DATA START

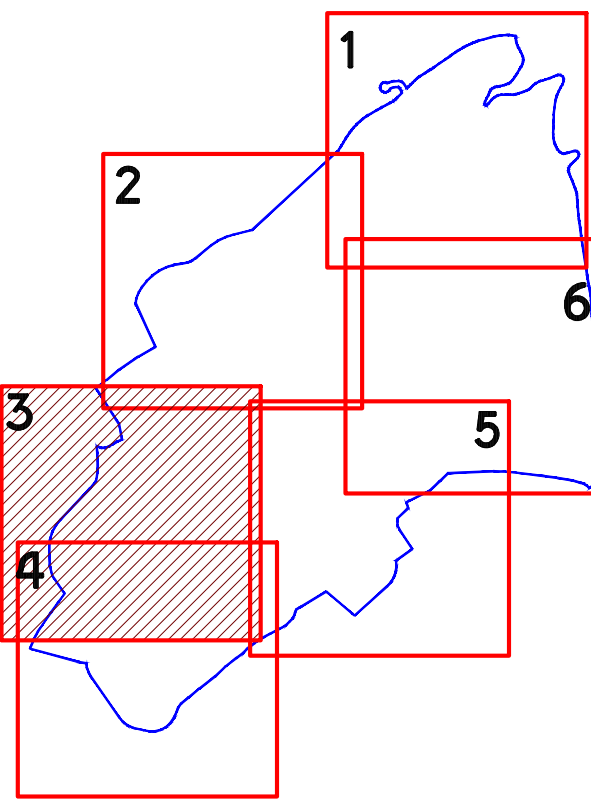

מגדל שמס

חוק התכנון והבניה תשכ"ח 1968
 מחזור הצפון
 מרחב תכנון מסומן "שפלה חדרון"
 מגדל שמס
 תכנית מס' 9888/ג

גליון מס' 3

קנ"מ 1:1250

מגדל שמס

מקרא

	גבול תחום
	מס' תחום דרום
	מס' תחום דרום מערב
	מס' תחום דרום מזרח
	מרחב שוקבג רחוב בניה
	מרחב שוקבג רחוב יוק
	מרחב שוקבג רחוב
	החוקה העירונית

DATA END
DATA START

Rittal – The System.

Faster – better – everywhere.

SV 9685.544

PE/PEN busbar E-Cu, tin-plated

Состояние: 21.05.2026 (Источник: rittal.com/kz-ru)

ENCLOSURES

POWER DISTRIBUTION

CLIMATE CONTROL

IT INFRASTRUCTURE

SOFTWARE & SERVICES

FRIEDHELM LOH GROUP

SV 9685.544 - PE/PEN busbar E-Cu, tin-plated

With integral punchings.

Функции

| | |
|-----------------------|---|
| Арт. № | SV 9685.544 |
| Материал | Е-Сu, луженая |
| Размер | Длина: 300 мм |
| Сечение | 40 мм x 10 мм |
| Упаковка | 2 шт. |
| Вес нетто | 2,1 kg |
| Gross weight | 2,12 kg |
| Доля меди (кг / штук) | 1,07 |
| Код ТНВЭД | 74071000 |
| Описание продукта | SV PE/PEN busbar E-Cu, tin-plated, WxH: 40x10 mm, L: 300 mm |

DATA END
DATA START

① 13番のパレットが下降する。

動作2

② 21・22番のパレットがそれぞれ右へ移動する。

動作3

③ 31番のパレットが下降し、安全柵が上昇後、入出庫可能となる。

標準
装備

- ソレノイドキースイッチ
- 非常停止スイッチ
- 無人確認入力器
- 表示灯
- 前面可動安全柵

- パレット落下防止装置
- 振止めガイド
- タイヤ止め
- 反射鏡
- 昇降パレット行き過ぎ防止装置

DATA END

- WHAT THIS TASK INVOLVES
Only the lines containing the word "מרחב" should be returned from the data above.

- SOLUTION
 מרחב תכנון מסומן "שפלה חדרון"
	מרחב שוקבג רחוב בניה
	מרחב שוקבג רחוב יוק
	מרחב שוקבג רחוב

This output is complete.